Problem 38
Question
Determine whether the series converges or diverges. $$1+\frac{1 \cdot 2}{1 \cdot 3}+\frac{1 \cdot 2 \cdot 3}{1 \cdot 3 \cdot 5}+\frac{1 \cdot 2 \cdot 3 \cdot 4}{1 \cdot 3 \cdot 5 \cdot 7}+\dots$$
Step-by-Step Solution
Verified Answer
The given series can be represented by the general term \(a_n = \frac{n!}{\prod_{k=1}^{n}(2k-1)}\). Using partial fraction decomposition, the series telescopes to \(S_n = 1 - \frac{1}{2n-1}\). Since the limit as n approaches infinity is 1 (\(\lim_{n\to\infty} S_n = 1\)), the series converges.
1Step 1: Find the general term of the series.

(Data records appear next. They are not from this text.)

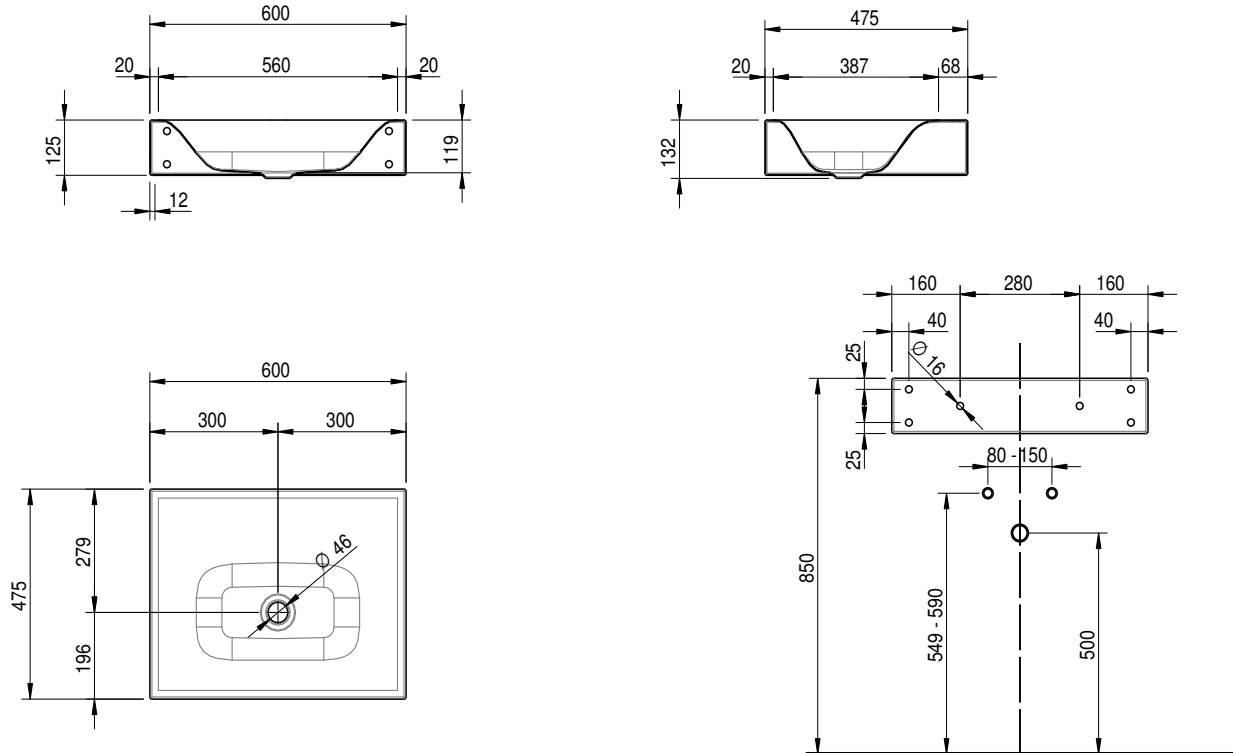

# Schmidlin VIVA Wandbecken 60x47.5x12.5 cm

ohne Überlauf, inkl. Befestigungszubehör

**Artikel-Nr.:** 1176-0001

**SGVSB-Nr.:** 217328.242

**ST-Nr.:** 3131871

**Gewicht:** 10 kg
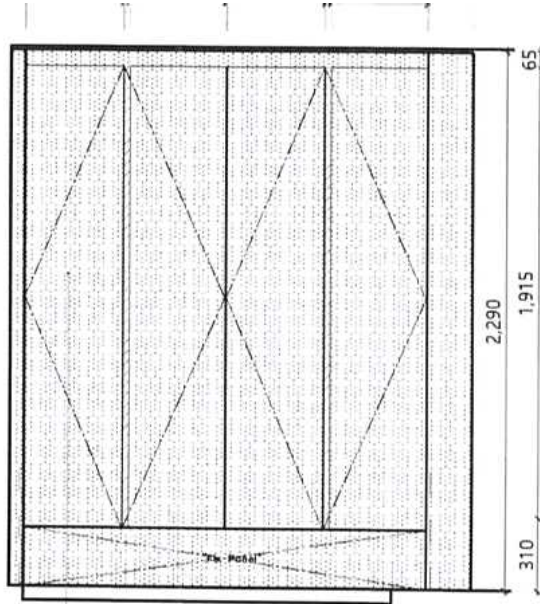

두산에너지빌리티 순천 일반가구(156 TYPE 신발장)

외관 - 디자인 DET (VCC CHANGHWA)가

모형 - 디자인 배치면도 (VCC CHANGHWA)가

모형 - 디자인 배치면도 (VCC CHANGHWA)가
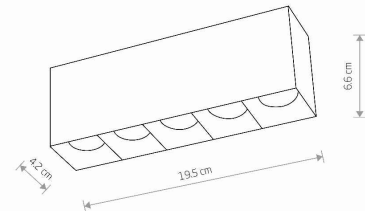

TEN PRODUKT 10055 ZAWIERA ŹRÓDŁO ŚWIATŁA 10513 O KLASIE ENERGETYCZNEJ: F

WYMIARY OPAKOWANIA **20cm/5cm/8cm**
(DŁ./SZER./WYS.)

WAGA NETTO/BR **0.49kg/0.54kg**

METODA MONTAŻU **Montaż bezpośredni**

KOLOR WIODĄCY/DOPEŁNIAJĄCY **Czarny**

MATERIAŁ **Aluminium lakierowane**

STYL **Nowoczesny**

KLASA OCHRONOŚCI **II**

ZASILANIE **~220-230V/50/60Hz**

WYMIARY

5 9 0 3 1 3 9 1 0 0 5 5 7

Item No.	POWER	COLOR TEMP	LUMEN	BEAM ANGLE	CRI	IP	LED BRAND	DRIVER BRAND	LIFETIME	WARRANTY
10055	20W	3000K	1700lm	36°	>90	IP20	—	—	30000h	—
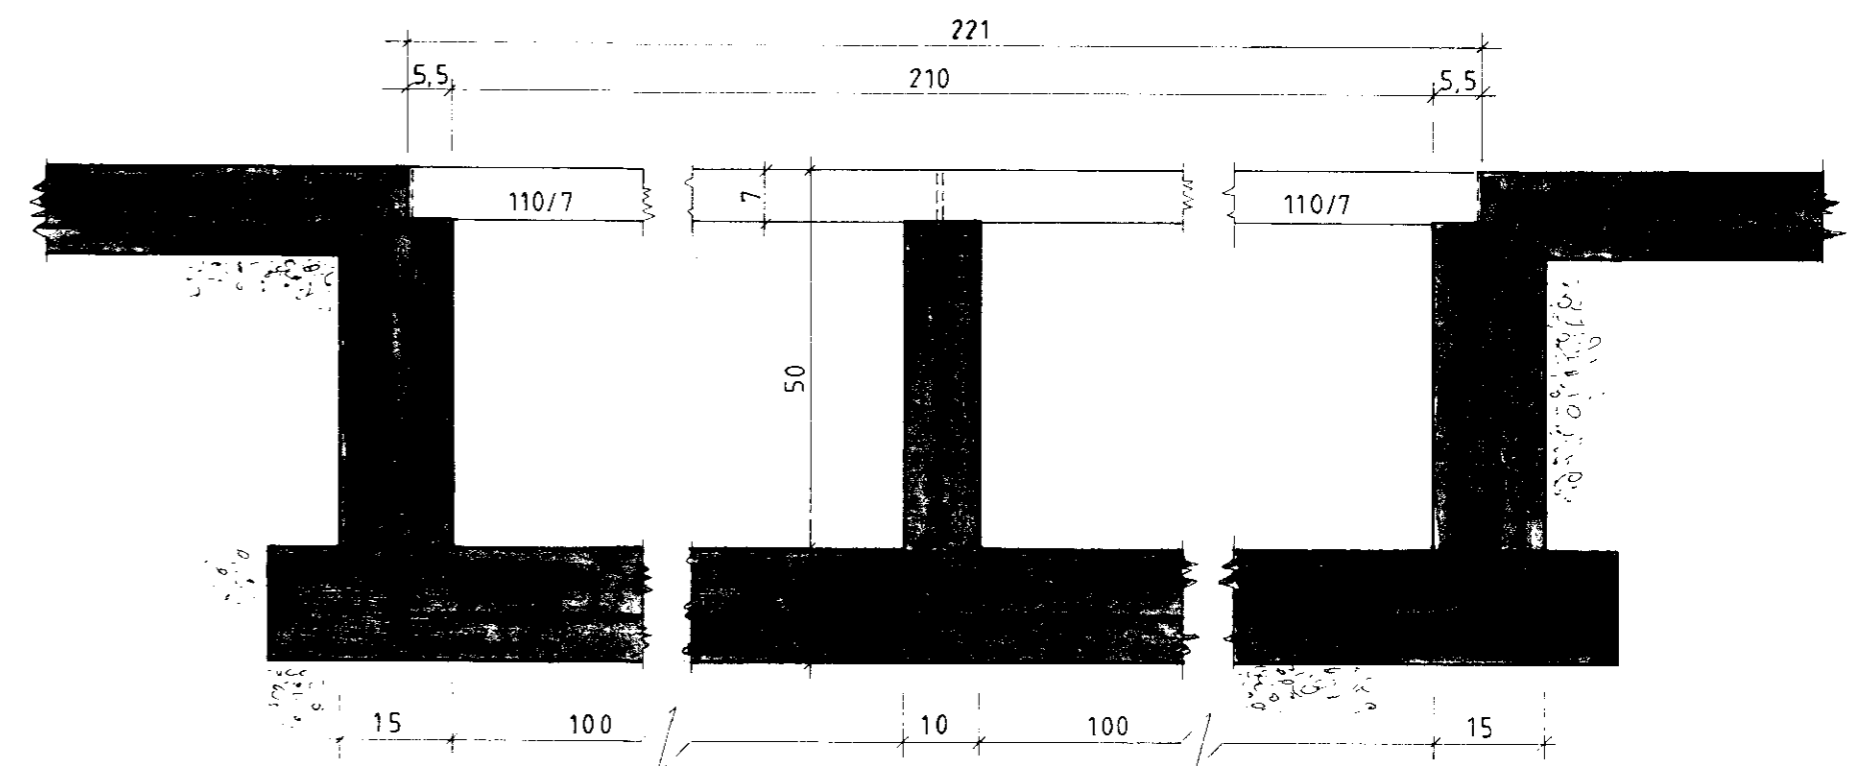

Snid í sökklá
M=1:20

„T“ Stöðla undirst. D=60cm

Haughúsbotn
M=1:50

Snid A1-A1
M=1:10

Snid A2-A2
M=1:10

Sig. Sigvaldsson
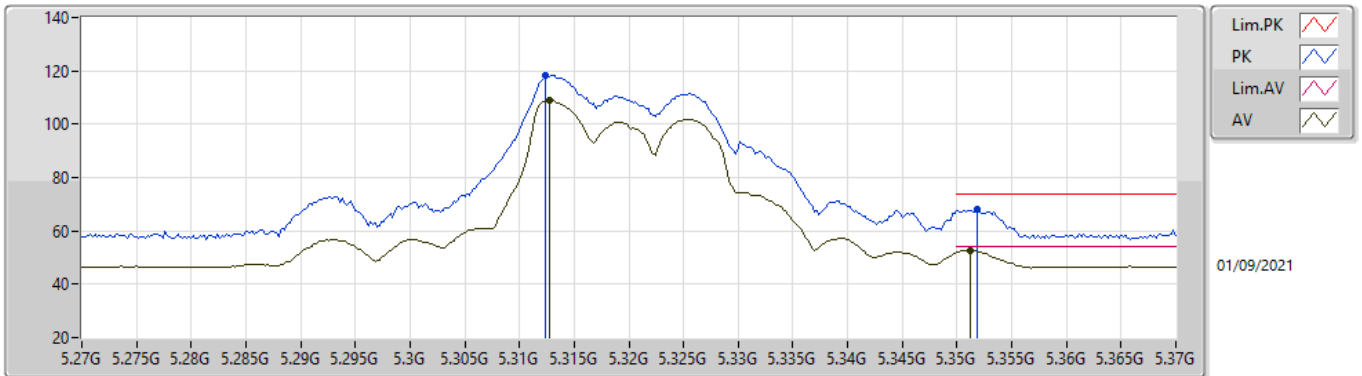

802.11a_Nss1,(6Mbps)_4TX

5320MHz_TnomVnom

EUTY_4TX
Setting 18
04-E-B-4-10

Type	Freq (Hz)	Level (dBuV/m)	Limit (dBuV/m)	Margin (dB)	Raw (dBuV)	Dist (m)	Condition	Azimuth (°)	Height (m)	Comment	AF (dB)	CL (dB)	PA (dB)
PK	5.3124G	118.38	Inf	-Inf	112.79	3	Horizontal	327	1.76	-	33.00	5.76	33.17
AV	5.3128G	108.81	Inf	-Inf	103.22	3	Horizontal	327	1.76	-	33.00	5.76	33.17
PK	5.3518G	67.87	74.00	-6.13	62.25	3	Horizontal	327	1.76	-	33.01	5.78	33.17
AV	5.3512G	52.70	54.00	-1.30	47.08	3	Horizontal	327	1.76	-	33.01	5.78	33.17
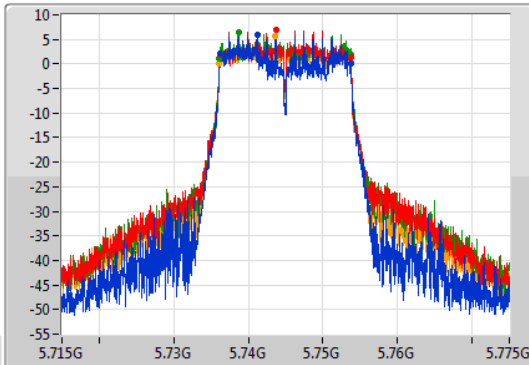

802.11ac VHT20-BF_Nss1,(MCS0)_4TX

EBW

5745MHz

14/10/2019

CF
5.745GHz
Span
60MHz
RBW
100kHz
VBW
300kHz
Sweep Time
100ms
Detector Type
Peak

CF
5.745GHz
Span
60MHz
RBW
200kHz
VBW
1MHz
Sweep Time
100ms
Detector Type
Sample

We can see that the series has a pattern. Let's write down the first few terms in the series:
$$1, \frac{1 \cdot 2}{1 \cdot 3}, \frac{1 \cdot 2 \cdot 3}{1 \cdot 3 \cdot 5}, \frac{1 \cdot 2 \cdot 3 \cdot 4}{1 \cdot 3 \cdot 5 \cdot 7}$$
For the numerators, we have a sequence of factorials:
$$1, 2!, 3!, 4!$$
The denominators appear to be the product of the first "n" odd integers:
$$1, 1 \cdot 3, 1 \cdot 3 \cdot 5, 1 \cdot 3 \cdot 5 \cdot 7$$
The general term of the series can be represented as:
$$a_n = \frac{n!}{\prod_{k=1}^{n}(2k-1)}$$
Where "n" is the term number and the "Π" symbol represents the product of odd integers.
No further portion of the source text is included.